Therefore, understanding the role of finances is important, but understanding the behavior behind finances is equally important. It is not enough that you look at the role of money as being a significant factor in life more than looking at why you continue to lose money every month. Think about these questions:
- Why do you not have the necessary emergency savings fund?
- Why isn’t creating an emergency savings fund a requirement?
- Why do we struggle to make managing our finances central to everyday living?
These are merely three questions that suggest more about thinking ahead than thinking in the present. There are some people who think ahead. For example, there were some people who were not affected by the recent financial recession or the pandemic. These people do not have to be rich.
They can be people who simply had assets that they could leverage. They have a one-year, two-year, and/or three-year savings fund. They had a thrift savings plan, investments, and/or any financial instrument that could carry them through a financial trouble. They understood the impact of financial instability and how best to create prevention measures through saving. You do not have to be rich to be financially prepared.
Therefore, if you are still struggling financially, and you have been circling the arena of financial instability, then it is time that you pick up your tent. This means that you must assess how you created the tent of financial instability, which is a type of setback, and design strategies to exit that tent, which is a type of overcoming.
For example, if you struggle to pay your credit cards every month, depending on the number of credit cards you may have, it might be best simply to work with one to three (1 to 3) credit cards than to possess five to 10. You might also need to change your thinking about the quantity of credit cards to focus on your ability to pay the full balance of each card every month.

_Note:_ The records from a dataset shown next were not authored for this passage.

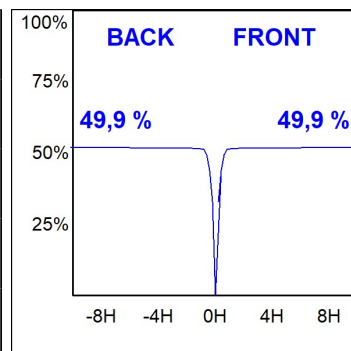

PHOTOMETRIC DATA :
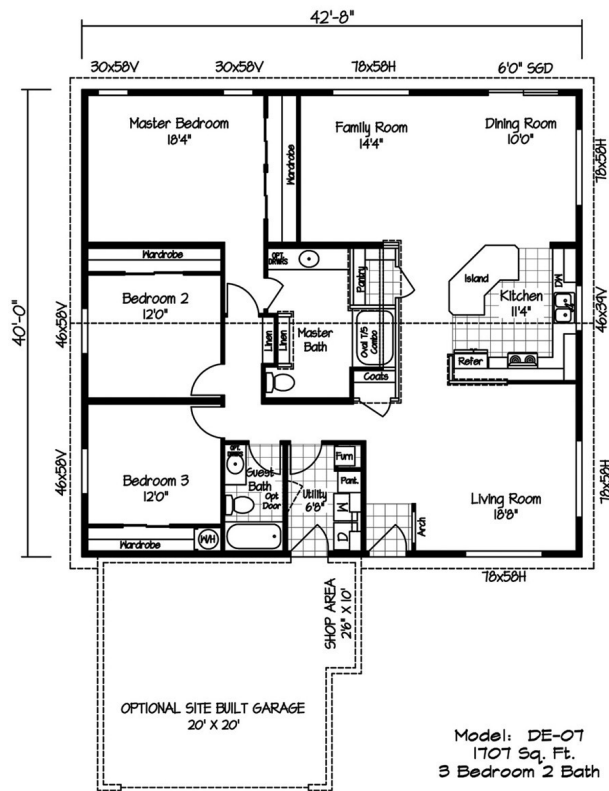

Artist rendition may or may not depict exterior of home

Developer De 07

3 Bed, 2 Bath, .

Overall Dimensions : (W) 42' x (L) 40'

Model Number : DEV42403BH

Model Available At:

S & H Mfg. Homes, Inc.

509 - 422 - 4142
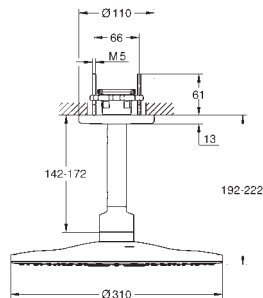

Rainshower SmartActive 310
Head shower set ceiling 142 mm, 2 sprays
Consisting of:
head shower Rainshower SmartActive 310, spray plate moon white
2 spray patterns:
GROHE PureRain, ActiveRain
142 mm ceiling shower arm
GROHE DreamSpray perfect spray pattern
GROHE StarLight finish
SpeedClean anti-limescale system
Inner WaterGuide for a longer life
requires rough-in set 26 483 000 or 26 484 000 - to be ordered separately

If you can only faithfully achieve that goal with two (2) credit cards, then pay down and pay off the other cards and stick with the two. This way you will not have running and high balances, you will maintain a habit of paying the full balance of your credit cards at the end of the month, and you will be better able to assess whether dealing with any credit cards at all is feasible for the current season in your life.
In other words, if paying off credit cards at the end of the month is bothersome, then you just may not be made for credit card use. It may not be something that challenges and encourages you, and you may need to keep one (1) so you can maintain your credit score than to engage the credit card market only to feel stressed at the end of each month when the credit card bill comes due.
Not everyone is built for credit card use. Some people truly like to pay their bills at the end of the month, and they do not like to have running balances or debt of any kind. Some people like to pay strictly with cash. Some people value a mortgage loan as having good debt, and that is enough for them. Some people would rather have investments.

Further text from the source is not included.